Task requirements
Scan the records for "bedroom". Report each line that includes it.

[Input for this task — start]

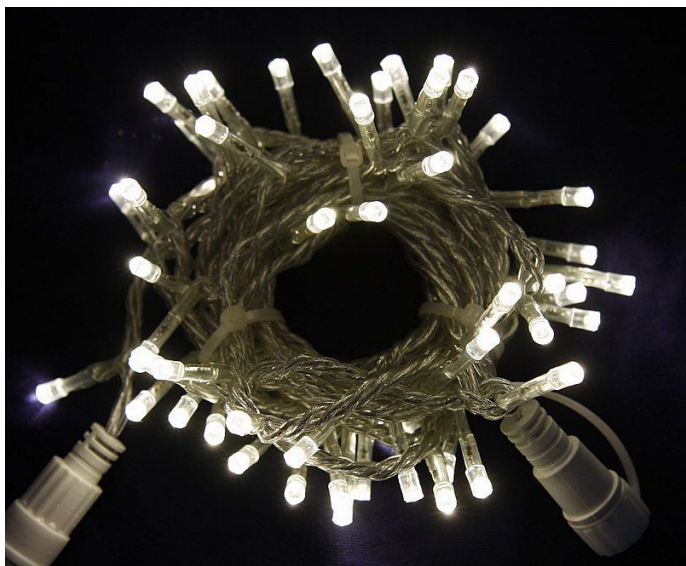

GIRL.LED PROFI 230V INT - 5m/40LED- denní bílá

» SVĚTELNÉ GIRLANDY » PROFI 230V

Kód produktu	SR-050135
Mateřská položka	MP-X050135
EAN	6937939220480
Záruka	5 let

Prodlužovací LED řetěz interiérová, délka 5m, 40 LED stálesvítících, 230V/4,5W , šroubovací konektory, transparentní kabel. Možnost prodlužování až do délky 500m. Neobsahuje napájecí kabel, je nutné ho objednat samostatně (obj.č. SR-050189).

[Input for this task — finish]
[Input for this task — start]

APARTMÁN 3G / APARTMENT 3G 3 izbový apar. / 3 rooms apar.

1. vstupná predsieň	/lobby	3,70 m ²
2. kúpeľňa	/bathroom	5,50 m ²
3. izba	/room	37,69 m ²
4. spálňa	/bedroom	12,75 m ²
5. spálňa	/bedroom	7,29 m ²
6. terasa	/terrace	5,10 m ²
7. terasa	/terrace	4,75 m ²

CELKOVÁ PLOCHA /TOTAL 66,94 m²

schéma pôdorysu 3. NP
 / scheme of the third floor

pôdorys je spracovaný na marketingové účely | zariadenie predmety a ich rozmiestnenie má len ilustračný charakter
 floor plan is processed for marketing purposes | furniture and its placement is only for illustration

[Input for this task — finish]
[Input for this task — start]

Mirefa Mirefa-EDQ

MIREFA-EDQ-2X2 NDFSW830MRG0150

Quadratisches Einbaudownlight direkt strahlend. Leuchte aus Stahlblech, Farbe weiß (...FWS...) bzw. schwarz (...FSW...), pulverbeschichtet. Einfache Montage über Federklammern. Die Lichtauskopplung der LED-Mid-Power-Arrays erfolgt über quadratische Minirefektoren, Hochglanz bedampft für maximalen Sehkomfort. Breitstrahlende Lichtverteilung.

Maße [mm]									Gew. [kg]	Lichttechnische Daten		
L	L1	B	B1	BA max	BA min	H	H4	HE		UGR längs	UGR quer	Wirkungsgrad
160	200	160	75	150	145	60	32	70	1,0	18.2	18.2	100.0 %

[Input for this task — finish]

Solution for this exercise
4. spálňa	/bedroom	12,75 m ²
5. spálňa	/bedroom	7,29 m ²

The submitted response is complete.